While early waves of Asian immigrants to the UK identified strongly with Labour, recent elections have seen falling support for the party among Hindus and a shift to the Conservatives. Muslims and Sikhs from South Asia have stayed aligned with Labour.
David Cameron tried to diversify the Tory party to secure the voters of Britain’s ethnic minorities, who still disproportionately vote Labour. However, Sunder Katwala says that more brown faces in politics alone cannot win over large swathes of the new floating voters: “Now there is no particular identification with any party and, crucially, the Conservatives haven’t made the progress they hoped just by diversifying their front bench.” When polled, British Indians mostly say that it is “not too important” to have a British Indian MP representing their constituency.

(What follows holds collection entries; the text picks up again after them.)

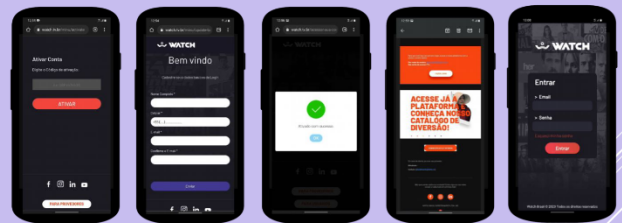

• Como resgatar:

1. Acesse o link watch.tv.br/minu/activate recebido;
2. Insira o voucher e clique em "ATIVAR";
3. Cadastre os seus dados básicos e clique em "Enviar";
4. Código ativado com sucesso!
5. Agora é só conferir o seu e-mail com a senha de acesso e aproveitar!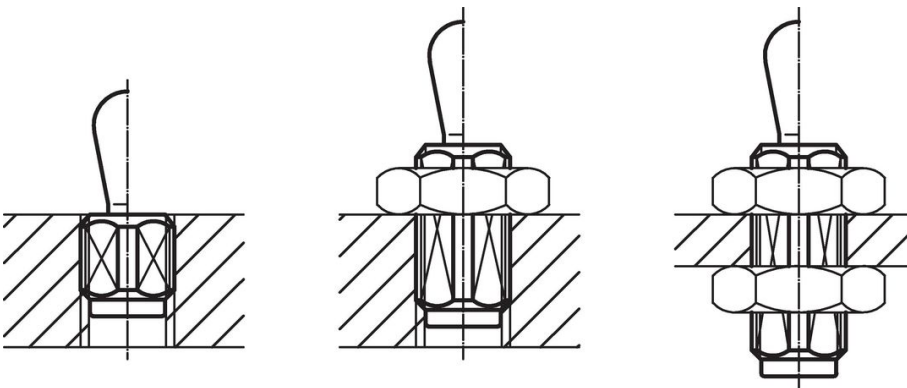

Informace pro objednání

d₁	Rozměry		Síla pružiny F max. ²⁾ ~ [N]	d₂	l₂	Zdvih s [mm]	SW [mm]	x¹⁾ [mm]	max. [°C]	[g]	Obj. č.					
	[mm]	l₁ -2										[mm]	[mm]	[mm]	[mm]	[mm]
Kolík: Ocel/Zesílená pružina																
M18 x 1,5	31,5	200	10	16	1,6	16	3,4	110	29	22150.0456						

¹⁾ If the workpiece height (y) is less than l₂-d₂/2, the coordinate dimension (x) must be calculated.

²⁾ statistická střední hodnota

Příslušenství

	Rozměry d₁ [mm]	[g]	Obj. č.
montážní nářadí			
	M18 x 1,5	137	22150.0822

Příklad použití

Shoda

Vyhovuje RoHS

Obsahuje olovo - vyhovuje dle výjimek 6a / 6b / 6c

Obsahuje látky SVHC >0,1% hm.

Obsahuje olovo - seznam SVHC [REACH] k 27.06.2024.

Obsahuje látky Proposition 65

Olovo může při výskytu způsobit rakovinu a reprodukční poškození.
<https://www.P65Warnings.ca.gov/>

Bez konfliktních minerálů

Tento produkt neobsahuje žádné látky označené jako "konfliktní minerály" jako je tantal, cín, zlato nebo wolfram z Demokratické republiky Kongo nebo sousedních zemí.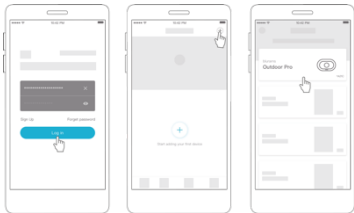

1x manuál

Popis kamery

Zapojení kamery

Připojte napájecí adaptér do elektrické zásuvky s připojeným kabelem USB ke kameře. Pro optimální výkon použijte příslušenství obsažené v původním balení.

Stážení aplikace blurams

Stáhněte si aplikaci pomocí hledání „blurams“ v App Store nebo Google Play. Pro rychlejší instalaci naskenujte QR kód, který vás do obchodu s aplikacemi automaticky přesměruje.

Přidání kamery k blurams účtu

Otevřete aplikaci blurams, registrujte se k bezplatnému účtu blurams a přihlaste se. Přejděte na domovskou stránku, klikněte na ikonu „+“ v pravém horním rohu a vyberte typ kamery. Kameru přidejte podle pokynů na rozhraní aplikace.

Instalacja kamery

1. Pomocí šroubů fixujte základnu kamery. Vrtejte přímo do otvoru instalačního. Po pomyslném sparování z aplikací, upevnij se, že kamera může připojit se z Wi-Fi v místě její instalace.
2. Za pomoci přiložených šroubů upevnijte základnu kamery. Využijte samolepící montážní nálepkou, která přesně provede tě během vrtání.
3. Pohybovým pohybem připojte kameru k nainstalované základně.
4. Pokud správně připojíte kameru k telefonu, kamera automaticky připojí se k vašemu účtu.
5. Nyní můžete sledovat přetvářený obraz. Pokud nevidíte obraz, problémem může být dosah vaší Wi-Fi sítě. Přesuňte router blíže k kamerě.
6. Pokud obraz je viditelný, nastavte zorné pole kamery v požadovaném směru.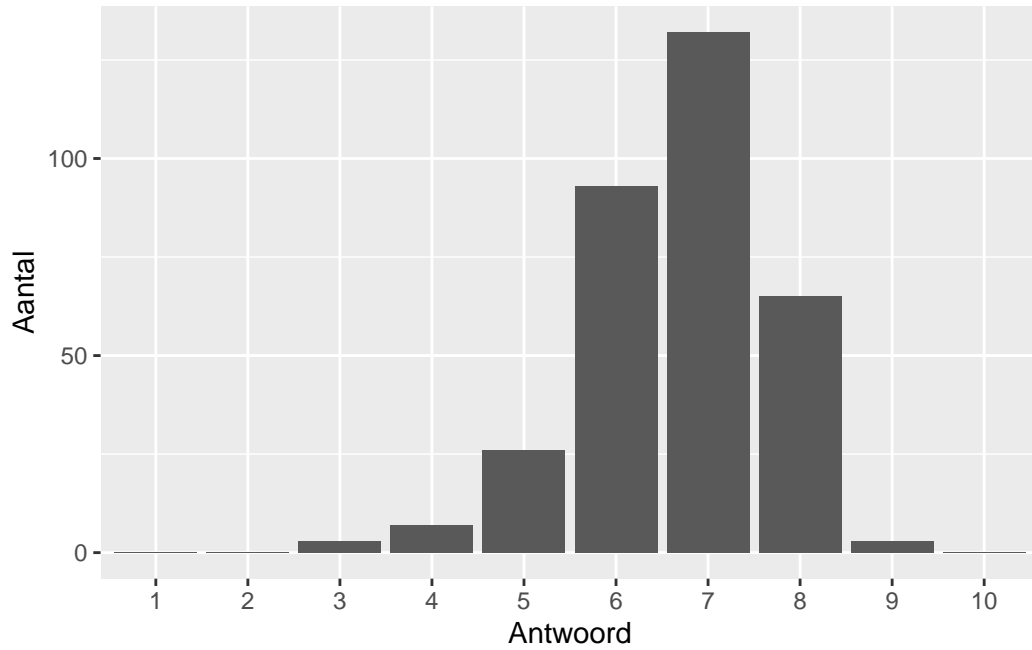

Waardering

Welk cijfer zou u dit examen geven?

Antwoord	Codering	Aantal	Percentage
1	1	0	0.0%
2	2	0	0.0%
3	3	3	0.9%
4	4	7	2.1%
5	5	26	7.9%
6	6	93	28.3%
7	7	132	40.1%
8	8	65	19.8%
9	9	3	0.9%
10	10	0	0.0%
geen		116	

Gemiddelde [SD]: 6.67 [1.03]

In 2016, Zac Goldsmith’s campaign to become mayor of London attempted to take advantage of the growing divide in votes between Hindus and Asian Muslims by producing leaflets claiming that Labour candidate Sadiq Khan, a Muslim, would tax the family jewellery of British Hindus. Goldsmith was condemned and lost the campaign. “The danger of pitching to that group in the way that Goldsmith did is that [they] are quite suspicious of a pitch that looks like it’s ‘good minorities versus bad minorities’ — especially younger people,” Katwala says.
British Hindus, and Asians more generally, are an electorate that are up for grabs.